Record set: Begin
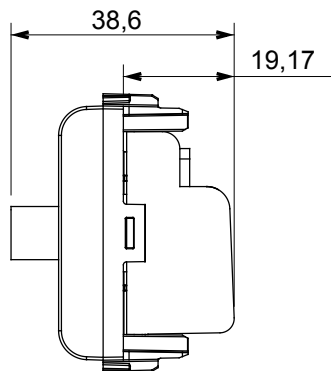

Eine umfangreiche Baureihe von Steuergeräten, Netzteilsteckdosen (gemäß nationalen und internationalen Normen), Signalaufnehmern, Klimaregelung, Komfortmanagement, technischer Alarmierung, Notbeleuchtung. Die modularen ChoruSmart-Geräte sind in fünf Farben verfügbar: glänzend Weiß, Satinweiß, Naturbeige, Satinschwarz und lackiertes Titan sowie in verschiedenen Größen von 1/2, 1, 2 und 3 Modulen. Dank der Montagehalterungen für rechteckige, quadratische und runde Dosen lassen sich vielzählige Kombinationen mit den Abdeckrahmen der ChoruSmarts-Baureihe erstellen.

Kategorie	TV-SAT Dose	Beschreibung	Durchgangsdose
Farbe	Glänzend Titan	Dämpfungswerte	10 dB
Frequenz	5-2400 MHz	Schirmung	Klasse A
Für Verbinder Typ	F-Buchse	Norm	EN 60728-4; IEC 61169-24
Anzahl Module	1	Kabelfixierung	Mit Schrauben
Gehäuse	Zamak-Metallkörper aus Druckguss	Electrocod	0131
Material	Technopolymer		

Abmessungen

Normen / Richtlinien
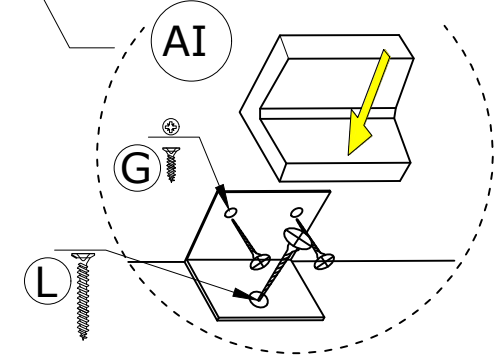

PANA

DECORMET

DEC0015 - PANA TV UNITESI

MATERIALS

X 40	X 40	28 COLOURFUL 12 WHITE X 40	X 26	X 42	X 3	X 2
A	B	C	D	G	L	I
MINIFIX GIB	MINIFIX BODY	MIN.STOPPER	DOWEL	3,5 x 18 SCREW	5x80 SCREW	3,5 x 30 SCREW
X 4	X 4	X 16	X 3	X 4	X 3	
S	T	AH	AI	AJ	AK	
HINGE (Crank 0)	HINGE (Crank 7)	SHelf BUTTON	L IRON MITER (COVERED)	PLASTIC JOINING	WALL PLUG	

DEC0015 - PANA TV UNİTESİ

NO	NAME	PIECE	NO	İSİM	ADET
1	BOTTOM PART	1 PC	1	ALT TABLA	1 ADET
2	LEFT SIDE PART	1 PC	2	SOL YAN DİKME	1 ADET
3	MIDDLE PART	1 PC	3	ORTA DİKME	1 ADET
4	RIGHT SIDE PART	1 PC	4	SAĞ YAN DİKME	1 ADET
5	BACK PART	1 PC	5	ARKALIK	1 ADET
6	TOP PART	1 PC	6	ÜST TABLA	1 ADET
7	MIDDLE PART	1 PC	7	DİKME	1 ADET
8	BOTTOM PART	1 PC	8	ALT TABLA	1 ADET
9	MIDDLE PART	1 PC	9	DİKME	1 ADET
10	MIDDLE PART	1 PC	10	DİKME	1 ADET
11	MIDDLE PART	1 PC	11	DİKME	1 ADET
12	TOP PART	1 PC	12	ÜST TABLA	1 ADET
13	SHelf	2 PCS	13	HAREKETLİ RAF	2 ADET
14	BOTTOM PART	1 PC	14	ALT TABLA	1 ADET
15	MIDDLE PART	1 PC	15	DİKME	1 ADET
16	FIXED SHelf	1 PC	16	SABİT RAF	1 ADET
17	MIDDLE PART	1 PC	17	DİKME	1 ADET
18	TOP PART	1 PC	18	ÜST TABLA	1 ADET
19	SHelf	2 PCS	19	HAREKETLİ RAF	2 ADET
20	COVER	4 PCS	20	KAPAK	4 ADET
Record set: End
**Brief**
Search the records for the word "HAREKETLİ" and copy every line where it occurs.

**Your response**
13	SHelf	2 PCS	13	HAREKETLİ RAF	2 ADET
19	SHelf	2 PCS	19	HAREKETLİ RAF	2 ADET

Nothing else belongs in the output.